Dependency-free examples show the integration seam:

```bash
python examples/03_langgraph_adapter.py
python examples/wrap_existing_agent.py
```

The goal is narrow: traces, thresholds, guarded strategy application, and
rollback evidence around an agent you already have.

---

## Trace storage

By default, traces are written to a readable `traces.jsonl` file with a
cross-platform sidecar lock. For multi-worker deployments, switch to SQLite:

```python
from self_improving_loop import SelfImprovingLoop

loop = SelfImprovingLoop(storage="sqlite")
```

This writes `traces.sqlite3` with WAL mode enabled. The public API is unchanged:
`execute_with_improvement()` records traces, and the loop reads them back for
thresholds, metrics, and rollback checks.

---

## Optional Yijing policy strategy

The Yijing layer is implemented as a deterministic state machine, not as a
fortune-telling layer:

`runtime traces -> six engineering lines -> hexagram state -> policy patch`

The six lines are:

1. stability
2. efficiency
3. learning activity
4. routing accuracy
5. collaboration
6. governance

Use it as the strategy:

```python
from self_improving_loop import SelfImprovingLoop, YijingEvolutionStrategy

loop = SelfImprovingLoop(
strategy=YijingEvolutionStrategy(),
config_adapter=my_config_adapter,
)
```

`improvement_strategy=` remains supported for backward compatibility.

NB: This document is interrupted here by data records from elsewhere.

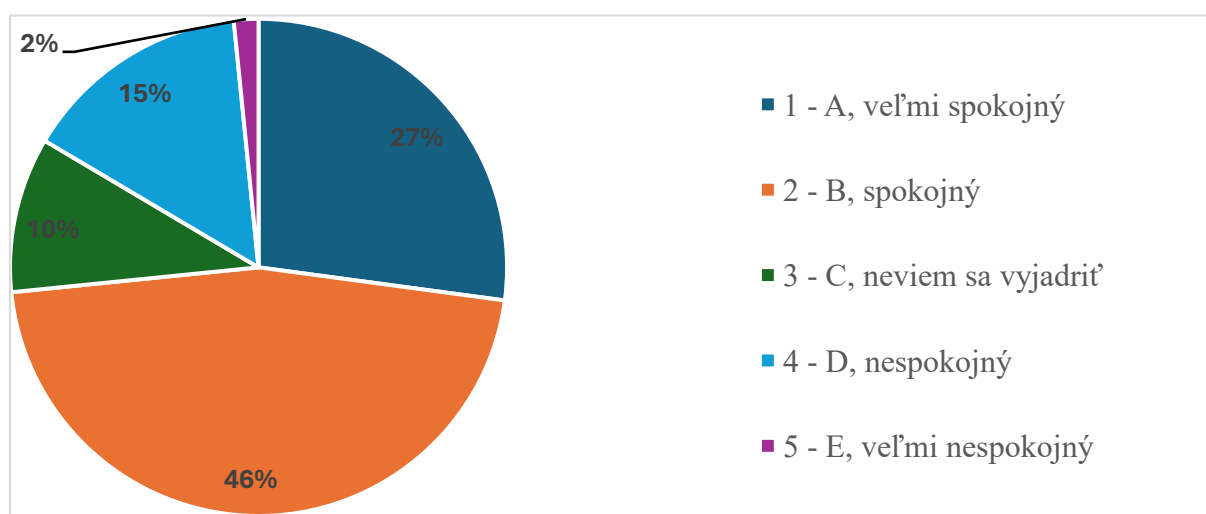

7. Ako hodnotíte fakultu Trnavskej univerzity, na ktorej ste študovali, podľa vybraných kritérií? - Obsah a štruktúra štúdia

Odpoveď	FZSP	FF	PdF	PF	TF	TU spolu
1 - A, veľmi spokojný	2	16	21	11	1	51
2 - B, spokojný	11	27	37	11	1	87
3 - C, neviem sa vyjadriť	3	6	10	0	0	19
4 - D, nespokojný	8	5	15	0	0	28
5 - E, veľmi nespokojný	1	1	1	0	0	3
SPOLU	25	55	84	22	2	188
"Priemerná" odpoveď	3	2	2	2	2	2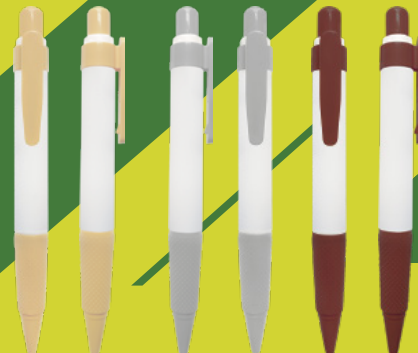

LP 8226

COLOR: /W

CODIGO LP 8226
COLOR: /W

MILLAR $/400.00   CIENTO $/45.00

CTN / 1000 PC
BOX / 50 PC

UNIDAD
$/1.00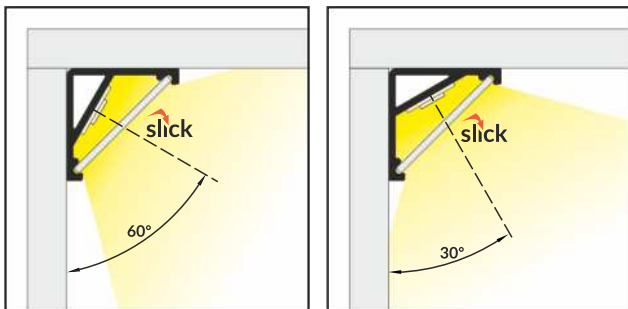

A PROFILE FOR SHOW CASE'S INSIDE VERTICAL AND HORIZONTAL ILLUMINATION

PROFIL DO OŚWIETLENIA WNĘTRZA GABLOTY W PIONIE I POZIOMIE

- decorative and lighting profile
- two lighting angles: 30°/60°
- small sizes, no holders and a channel for hiding cables – minimum interference in glass show case's look
- Slick socket
- maximum LED strip width: 14 mm
- profil dekoracyjno-oświetleniowy
- dwa kąty świecenia: 30°/60°
- niewielkie gabaryty, brak uchwytów oraz kanał do schowania przewodów - minimalna ingerencja w wygląd szklanej gabloty
- gniazdo z funkcją Slick
- taśmy LED: 14 mm

E slide cover
klosz E wsuwany

INDEX = 1 pc, length 2000 mm
package = 10 pcs
INDEKS = 1 szt., długość 2000 mm
opakowanie = 10 szt.

○ white painted
biały malowany
C9020001

● anodized
anodowany
C9020020

● black anodized
czarny anodowany
C9020021

klosz E wsuwany
kolory: transparentny, szron, mleczny
materiał: PC, PP, PP

Note! Dimensions of the space to install LED source
Uwaga! Wymiary przestrzeni do zamontowania źródła LED

INDEX = 1 pc, length 2000 mm
package = 10 pcs
INDEKS = 1 szt., długość 2000 mm
opakowanie = 10 szt.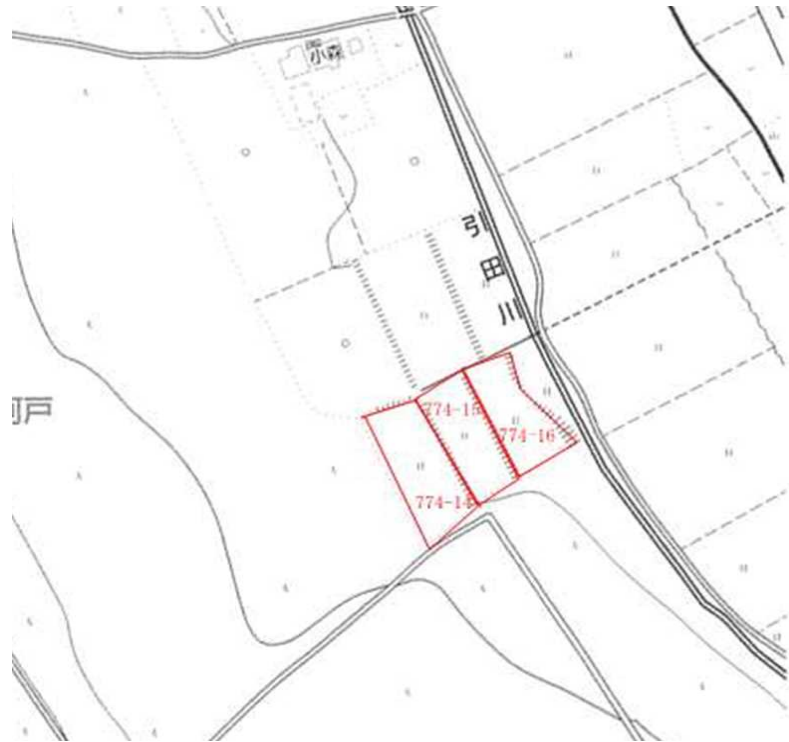

登録年月日

2022年6月20日

| 売・貸  | No. | 町名   | 字     | 地番     | 地目 | 地積(m <sup>2</sup> ) |
|------|-----|------|-------|--------|----|---------------------|
| 貸    | 137 | 下河戸  | 土室山   | 774-16 | 田  | 1,378               |
| 希望価格 |     | 接道   | 土地改良区 | 工作物    |    | 前作状況                |
| 要相談  |     | 2.0m |       |        |    | 田                   |
| 特記事項 |     |      |       |        |    |                     |
|      |     |      |       |        |    |                     |

## 案内図

## 現況写真

○撮影日：

The engineering mapping is explicit:

| Line | Dimension | Yang means | Yin means |
|---|---|---|---|
| 1 | stability | dependencies are healthy | API/network/dependency failure |
| 2 | efficiency | high success, low latency | low success or high latency |
| 3 | learning activity | feedback / recovery signal exists | repeated failure without learning |
| 4 | routing accuracy | model/tool choice looks correct | wrong model/tool/schema drift |
| 5 | collaboration | tools / agents hand off cleanly | conflicts or context breaks |
| 6 | governance | cost and rollout are bounded | quota, cost, or policy drift |

The first version supports eight core policy states: Qian, Kun, Zhen, Kan, Bo,
Fu, Ji Ji, and Wei Ji. It returns a bounded config patch and relies on the same
canary/rollback path as any other strategy.

---

## Why this exists

Most agents have this failure mode:

1. You ship an agent.
2. It works for a week.
3. Something upstream changes (rate limits, schema drift, a new edge case).
4. Your agent starts failing.
5. You find out three days later from angry users.
6. You tweak a config, hope for the best, ship it.
7. The tweak makes another scenario worse.
8. You roll it back manually, losing the original learning.

`self-improving-loop` turns steps 3–8 into a tight feedback loop that runs inside your process, without needing observability infra, Kubernetes, or a dedicated ML team.

---

## Adaptive thresholds (no magic numbers)

Different agents have different "pulse rates". A critical alerting agent should reconsider after 1 failure; a batch classifier can tolerate 5 before triggering analysis. The library classifies agents by execution frequency and adjusts:

The automatic profile is based on `exec_count_24h`; override it with `set_manual_threshold()` when production semantics matter more than raw frequency.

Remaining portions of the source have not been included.